3) Choose the right tools and partners in the business
AI success depends on choosing the right technology and building the right partnerships. Evaluate vendors carefully to ensure their solutions align with your strategic goals. At the same time, partner with stakeholders across the business, not just IT. This includes – executive leadership, data teams and end users – to ensure AI initiatives address real pain points and deliver measurable value.
4) Continuously evaluate and scale
Avoid trying to transform everything at once. Begin with pilot projects in high-impact areas and measure their effectiveness. Start small and test use cases, based on this the effectiveness can be measured and scaled based on the proven value. Once there is proven value for the initial projects, scale gradually to expand AI adoption across more workflows and teams with confidence.
5) Demonstrate value
Early wins are powerful. Make sure to showcase quick successes to build momentum and secure ongoing support from leadership and employees. Transparent communication around impact, creates trust and strengthens the case for future AI investment.
Without a clear roadmap, even the most advanced AI tools risk falling short of expectations. With the right strategy, however, AI becomes far more than a technology investment – it becomes a long-term driver of operational excellence.

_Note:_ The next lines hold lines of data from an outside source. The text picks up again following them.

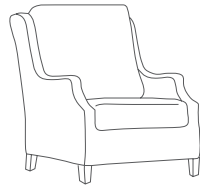

WHIDBEY ISLAND

Living • Sectional • Dining • Lounger • Bar Chair

Frame: Resin
Finish: Hazel Brown

Frame: Aluminum
Finish: Country Brown

Body: FO6045 Dupione Sand
Toss: FO7060 Adelaide Daybreak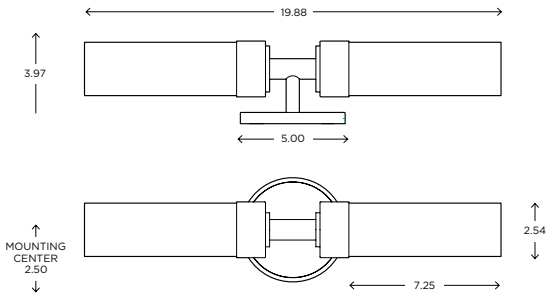

Circ Duo R

ADA CUSTOM OPTIONS

The Circ Duo R is perfectly proportioned for bath applications. This sconce is an alternative to the standard Circ Duo sconce. A shorter glass span allows for placement over smaller mirrors/cabinets and the addition of a round backplate compliments a wide variety of bathroom hardware. It can be mounted either horizontally or vertically and is a beautiful complement to the Circ Pendant.

DIMENSIONS

5.00"H x 19.88"W x 3.97"P

LAMPING / VOLTAGE

- [2] 60W Max Incandescent T10 Medium Base
635 Lumens, 2700K, 120V, dimming
- [2] 13W Fluorescent CFL 2GX7 Base
820 Lumens, 2700K, 120V, non-dimming

Fixture can be mounted VERTICALLY or HORIZONTALLY

Est. Weight: 7.03 lbs

MODEL

CIRC DUO R // CIRDR

DIMENSIONS

Height: 5.00
Width: 19.88
Projection: 3.97

FIXTURE TYPE

ADA Sconce / A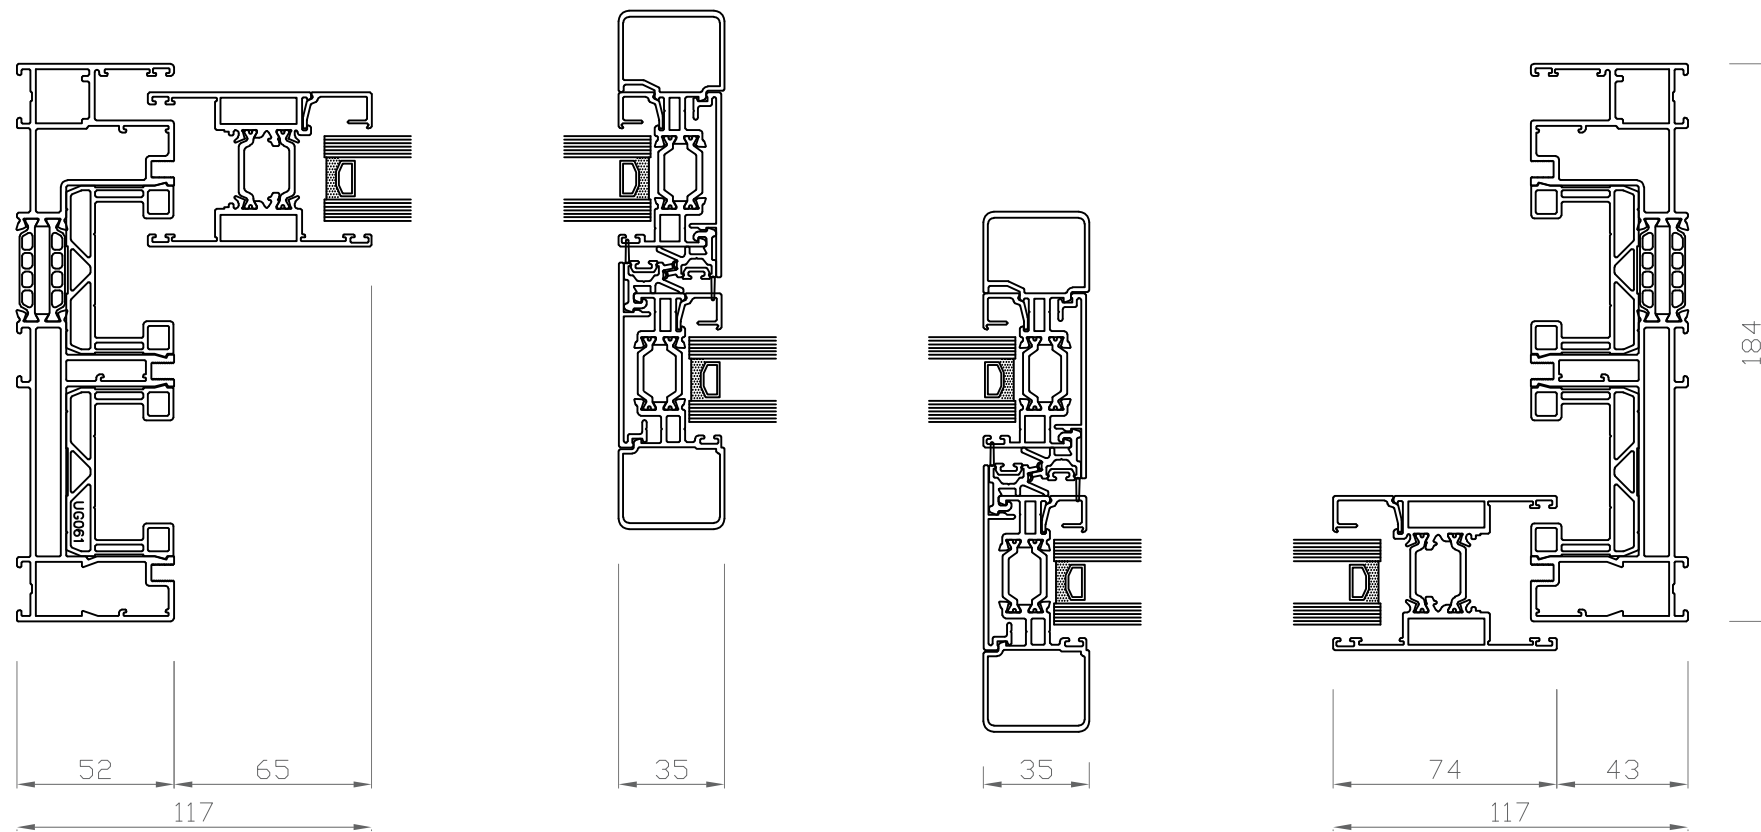

Vertical cross section

Technical Information:

Slide Door Max Width (mm)	2500mm (per sash)
Slide Door Max Height (mm)	2500mm (per sash)
Slide Door Max Weight (kg)	250kg

Inspiring colours and finishes for contemporary architecture and restoration projects. From our standard range to the full RAL spectrum of powder coating colours.

Horizontal cross section

NOTE: All dimension in millimeters

**Global Doors And Windows LTD**

Unit 4, Riverside Business Park  
16 Lyon Road, South Wimbledon  
London, SW19 3RL  
info@globaldoorsandwindows.com  
telephone 02085403833  
mobile 07800601561

DRAWING TITLE:  
Sliding door – Visoglide Plus

PROJECT:

DRAWING NO.  
GDW\_VGPO1

DRW:  
ZW

DATE:  
14.02.20

SCALE:  
1:2½

SIZE:  
A3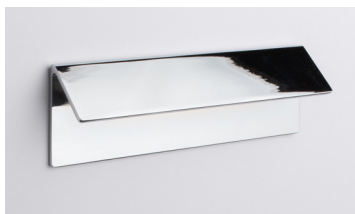

6": P-2006-6-PC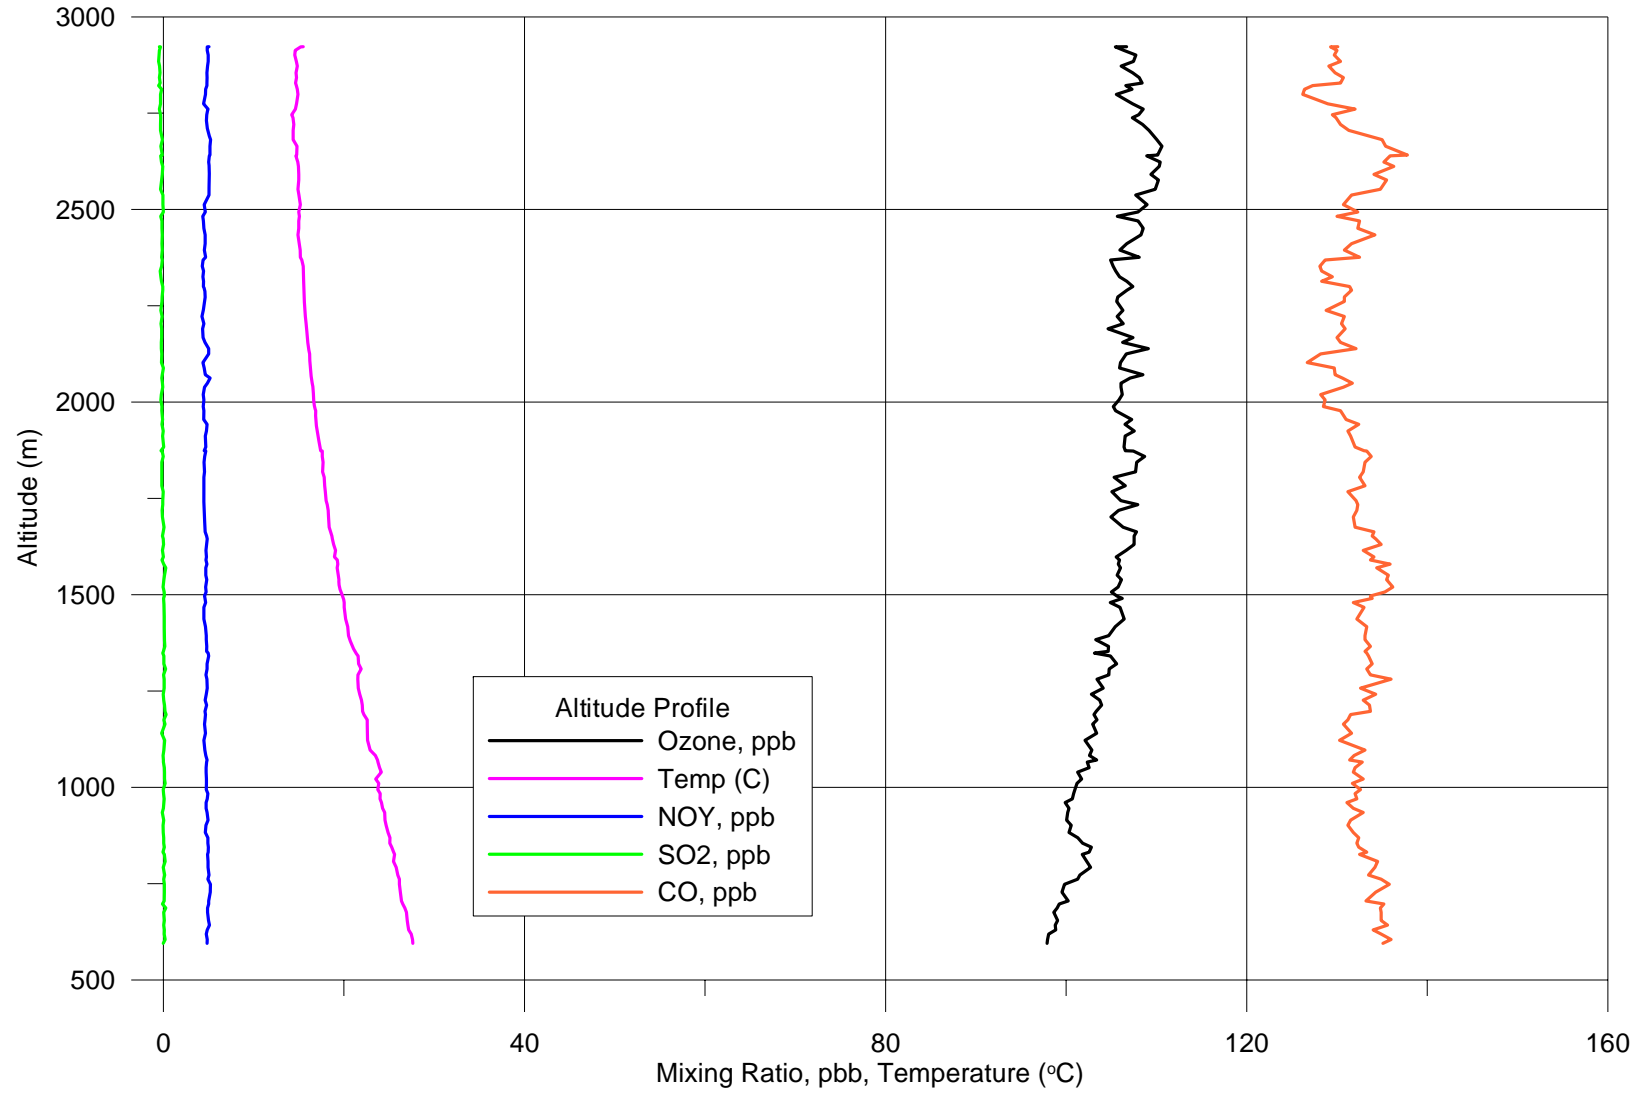

Dallas FT 11, (8/31/2005), Leg 1

Dallas FT 11, (8/31/2005), Leg 1, 1233-1245

O3, FT 11, 31 AUG 2005, leg 1, 1120-1400

NOY, FT 11, 31 AUG 2005, leg 1, 1120-1400

SO₂, FT 11, 31 AUG 2005, leg 1, 1120-1400

CO, FT 11, 31 AUG 2005, leg 1, 1120-1400

Dallas FT 11, (8/31/2005), Leg 2

Dallas FT 11, (8/31/2005), Leg 2, 1728-1741

O3, FT 11, 31 AUG 2005, leg 2, 1510-1930

NOY, FT 11, 31 AUG 2005, leg 2, 1510-1930

SO2, FT 11, 31 AUG 2005, leg 2, 1510-1930

CO, FT 11, 31 AUG 2005, leg 2, 1510-1930

The Future of AI for Excellence
The next wave of AI will push operational excellence even further. Emerging technologies like agentic AI are already reshaping the workplace by enabling systems to not just respond but act proactively on behalf of employees and their IT teams.
Operational excellence with AI isn’t just a vision, it’s already happening. See how AI-Powered DEX with Nexthink empowers IT and employees to work smarter, faster, and more effectively.
Ultimately, the future of AI in the workplace isn’t about replacing people. It’s about amplifying human capability to accelerate decisions, enhance measurement capabilities, and create a higher-performing workplace.